Poe's essay was more spiritual than scientific, his assumptions about the distances to most stars could not be tested by measurements of the day, and his implicit assumption that the universe of stars had a beginning was motivated by religious faith. This point about the beginning of time has always fascinated and frustrated humanity. Whether one starts by believing in a moment of creation or a universe that has always existed, one finds oneself asking either, "What happened before the beginning?" or "How did this uncreated world come to be?" It's hard to be comfortable with either scenario.
In the early 20th century, the discovery that the universe is expanding came as a shock because many scientists at the time expected it to be without beginning and largely unchanging. Using general relativity, which relates the rate of spatial expansion to the matter and energy that fill space, the current best measurements point back to an absolute beginning of time 13.8 billion years ago.

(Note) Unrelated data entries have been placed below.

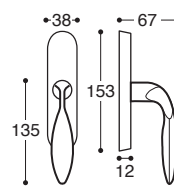

Libya/HB6 Métal rosace - avec ressort, carré 7 mm / **Metal rose** - springloaded

K00B1S
BDC / Latch

K00B1P
Cle L / Lock

K00B1Y
Cle I / Cylinder

K00B1W
Cond/Dec C. 6/7/8 / Privacy

Libya/T11 Métal rosace - avec ressort, carré 7 mm / **Metal rose** - springloaded

K00BPS
BDC / Latch

K00BPP
Cle L / Lock

K00BPY
Cle I / Cylinder

K00BPW
Cond/Dec C. 6/7/8 / Privacy

Libya/FLT Rosette abaissée métal - avec ressort, carré 7 mm / **Metal flat rose** - springloaded

K00BAI
Sans main / Without hand

K00BAK
Sans main / Without hand

Libya DK Poignée de fenêtre
Mécan. 8 positions / Window handle - 8 pos. mech.

Libya Martellina Poignée de fenêtre
Crémone / Window handle - Cremon

* sur demande / on demand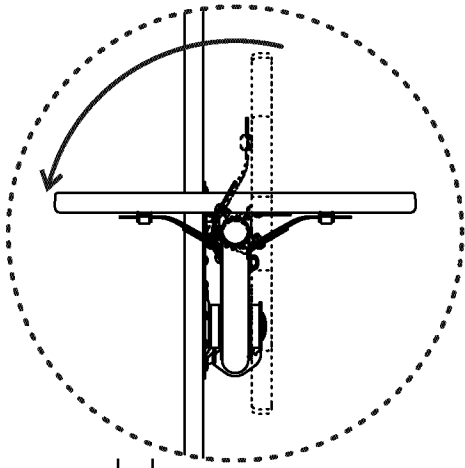

PAKETA

30/34/38-F/MS-C/K

v-011

MS-металл

F-фанера

h ≈ 900 mm

W	L		H min	u min	G min	S
300	1100	C	1990	1090	330	70
		K	2080	1180		
340	1140	C	2060	1160	360	90
		K	2140	1240		
380	1200	C	2140	1240	400	100
		K	2220	1320		

4x

9

10

11

12

1x

1x

13

It seems as though science has vindicated all of Edgar Allan Poe's beliefs.
However, extrapolating all the way down to a point of zero size, infinite temperature and infinite density goes beyond our present state of knowledge. Physicists are still learning how matter behaves at very high temperatures and energies, and the behavior of matter affects the expansion rate of space. The high energies currently being studied at the LHC, for instance, correspond to a temperature of quadrillions of degrees, which was the temperature of the universe a trillionth of a second after the naive Time Zero. If new phenomena appear at higher energies, then that first picosecond of history may need to be rewritten.
This distinction between the physics of the very early universe and the metaphysics of creation is something that I feel is important because it has led to misunderstandings. Physicists and journalists use the phrase "the big bang" in different ways: To physicists, it means the early expansion history and development of the universe as we know it, but in the popular press, it is often taken to mean creation itself. Using the physicist's definition, it's not wrong to ask, "What happened before the big bang?" In fact, this is an active area of scientific research.